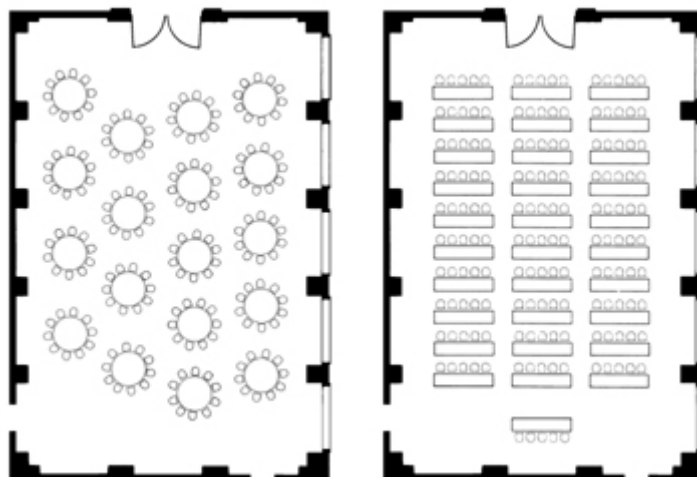

Victoria Jungfrau

LA SALLE GENERAL GUISAN

12.0 M / 39.5 FT

19.8 M / 64.9 FT

LA SALLE GENERAL GUISAN

	Personen / persons / personnes
Konferenz / Conference / Conférence:	150
Bankett / Banquet:	180
Konzert / Concert:	350
Empfänge / Receptions / Disposition réceptions:	300
Deckenhöhe in m / Height in m / Hauteur en m	6.00
Fläche in m ² / Area in m ² / Surface en m ²	238
Fläche in ft / Area ft / Surface en ft	2550
Länge x Breite in m / Length x width in m / Longueur x largeur en m	19.8x12.0
Länge x Breite in ft / Length x width in ft / Longueur x largeur en ft	64.9x39.3
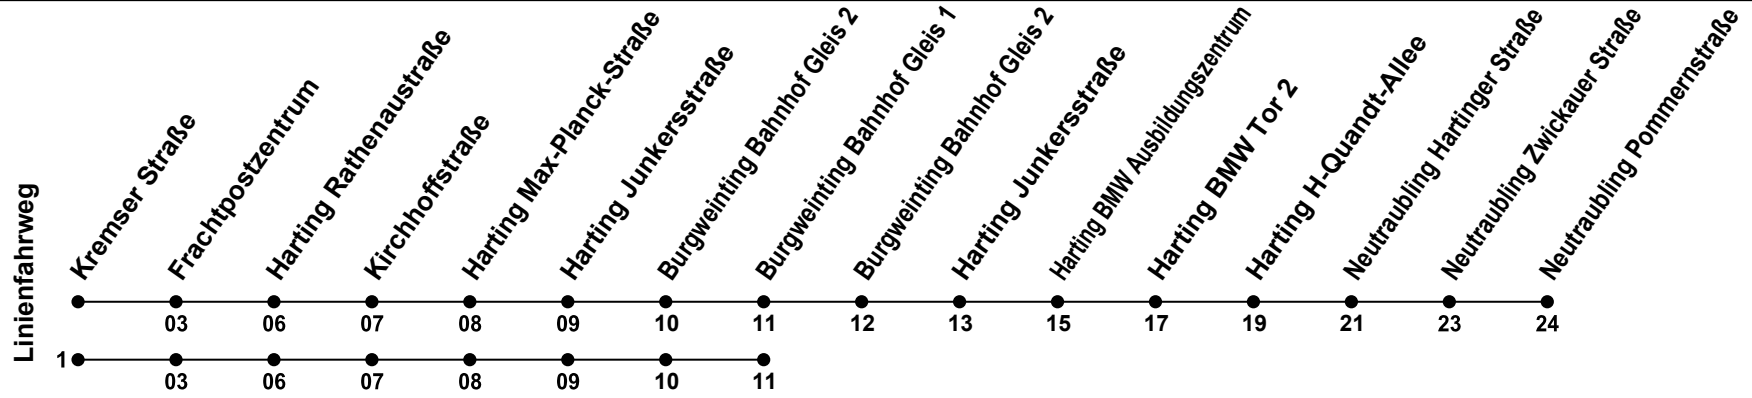

Erklärung Fußnoten:

- 1 = fährt Weg 1
- A** = Fährt als Linie 39

Echtzeitauskunft

RVV

Gültig ab 14.12.2025

Uhr	Montag - Freitag	Samstag	Sonntag
05	00 _A 20 _A 40 _A		
06	00 _A 20 _A 40 _A		
07	00 _A 20 _A 40 _A		
08	00 _A 20 _A 40 _A		
09	40 _A		
10	40 _A		
11	40 _A		
12	20 _A 40 _A		
13	00 _A 20 _A 40 _A		
14	00 _A 20 _A 40 _A		
15	00 _A 20 _A 40 _A		
16	00 _A 20 _A 40 _A		
17	00 _A 20 _A		
18			
19			
20			
21			
22	47 ¹ _A		
23			
00			

Erklärung Fußnoten:
1 = fährt Weg 1
A = Fährt als Linie 39

Echtzeitauskunft

RVV

Gültig ab 14.12.2025

Uhr	Montag - Freitag	Samstag	Sonntag
05	01 _A 21 _A 41 _A		
06	01 _A 21 _A 41 _A		
07	01 _A 21 _A 41 _A		
08	01 _A 21 _A 41 _A		
09	41 _A		
10	41 _A		
11	41 _A		
12	21 _A 41 _A		
13	01 _A 21 _A 41 _A		
14	01 _A 21 _A 41 _A		
15	01 _A 21 _A 41 _A		
16	01 _A 21 _A 41 _A		
17	01 _A 21 _A		
18			
19			
20			
21			
22	48 ¹ _A		
23			
00			

Erklärung Fußnoten:
 1 = fährt Weg 1
 A = Fährt als Linie 39

Echtzeitauskunft

Gültig ab 14.12.2025

Uhr	Montag - Freitag	Samstag	Sonntag
05	02 _A 22 _A 42 _A		
06	02 _A 22 _A 42 _A		
07	02 _A 22 _A 42 _A		
08	02 _A 22 _A 42 _A		
09	42 _A		
10	42 _A		
11	42 _A		
12	22 _A 42 _A		
13	02 _A 22 _A 42 _A		
14	02 _A 22 _A 42 _A		
15	02 _A 22 _A 42 _A		
16	02 _A 22 _A 42 _A		
17	02 _A 22 _A		
18			
19			
20			
21			
22	49 ¹ _A		
23			
00			

Erklärung Fußnoten:
 1 = fährt Weg 1
 A = Fährt als Linie 39

Echtzeitauskunft

RVV

Gültig ab 14.12.2025

Uhr	Montag - Freitag			Samstag	Sonntag
05	05 _A	25 _A	45 _A		
06	05 _A	25 _A	45 _A		
07	05 _A	25 _A	45 _A		
08	05 _A	25 _A	45 _A		
09	45 _A				
10	45 _A				
11	45 _A				
12	25 _A	45 _A			
13	05 _A	25 _A	45 _A		
14	05 _A	25 _A	45 _A		
15	05 _A	25 _A	45 _A		
16	05 _A	25 _A	45 _A		
17	05 _A	25 _A			
18					
19					
20					
21					
22	52 ¹ _A				
23					
00					
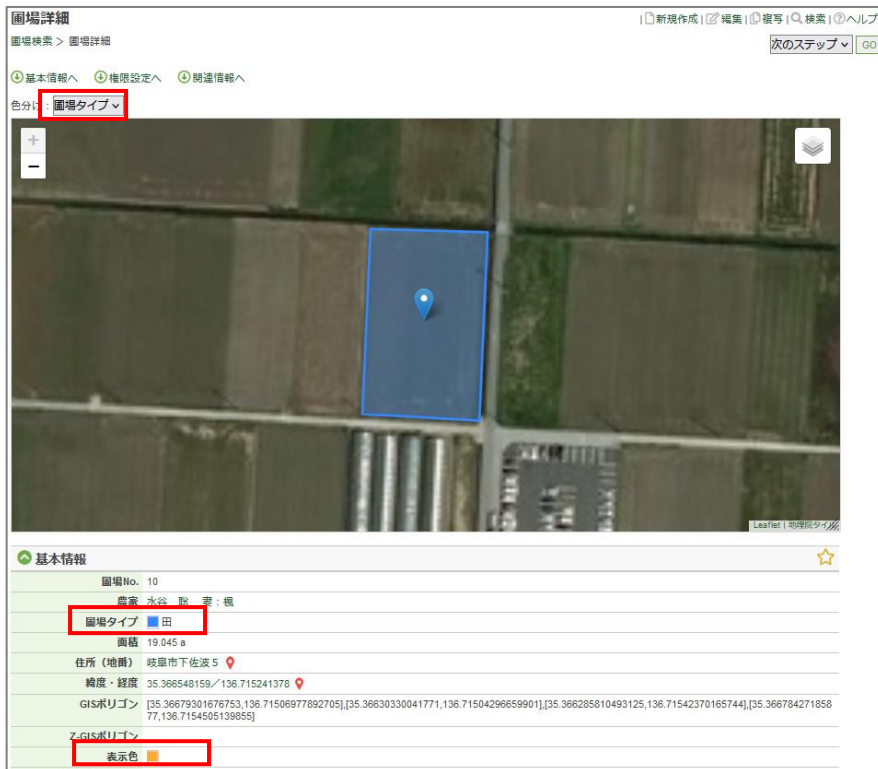

戦略営農 Navi ご担当者様

2023年11月30日
株式会社インフォファーム

「戦略箱営農 Navi」のバージョン5.3.0.0 を出荷開始

平素は格別なお引き立てを賜り厚くお礼申し上げます。

また、戦略営農 Navi をご愛顧いただき、誠にありがとうございます。

このたび「戦略箱営農 Navi」バージョン5.3.0.0 の出荷を開始いたしました。

詳細については下記をご参照いただき、バージョンアップをご希望の方は弊社担当営業または担当 SE までお問い合わせください。

今後とも変わらぬお引き立てのほど、何卒よろしくお願い申し上げます。

主な機能強化点

圃場管理のマーカー色表示

地図上に表示するマーカーについて、「圃場タイプ」および「表示色」に連動してマーカーの色が変わるようになりました。

※更新後は、念のためブラウザのキャッシュをクリアすることを推奨いたします

以上
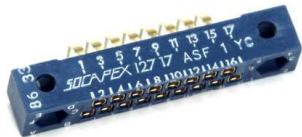

Fiche technique

08/03/2016

LOT-12717ASF1YC

CONNECTEUR HE80 FEMELLE > CI COUDE 17Pts

Connecteur HE80.

Femelle >> CI coudé, 17 Pts.

Fab.:SOCAPEX,ref.:127 17 ASF 1YC.

DC:8633.
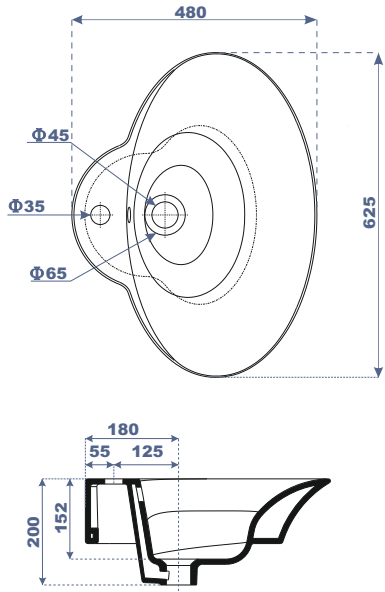

LONG. 680 x LARG. 370 x HAUT. 825

↓ **WC Anglais SV** Code : 24 660 ASL — 30 410 ASL

LONG. 680 x LARG. 370 x HAUT. 825

G A M M E

**Assala**

Caractéristiques techniques

Type de gamme :  
Luxe.

Nature du produit :  
Porcelaine vitrifiée.

LONG:540 x LARG:355 x HAUT:360

G A M M E

### WC Anglais SH

Code : 20 640 KEP - 30 350 KEP

LONG. 650 x LARG. 350 x HAUT. 765

LONG:625 x LARG:480 x HAUT:205

**Lavabo Iris** Code : 47 780 IRS

LONG:750 x LARG:350 x HAUT:180

**Vasque Ichraf** Code : 47 580 ICH

LONG:850 x LARG:480 x HAUT:215

**Lavabo Atlas** Code : 47 880 ATL

LONG- 600 x LAR - 345 x HAUT-165
------------------------------------------------
About this exercise:
Go through the records line by line and count those containing the string "Fläche". Give only the total.

Exercise answer:
2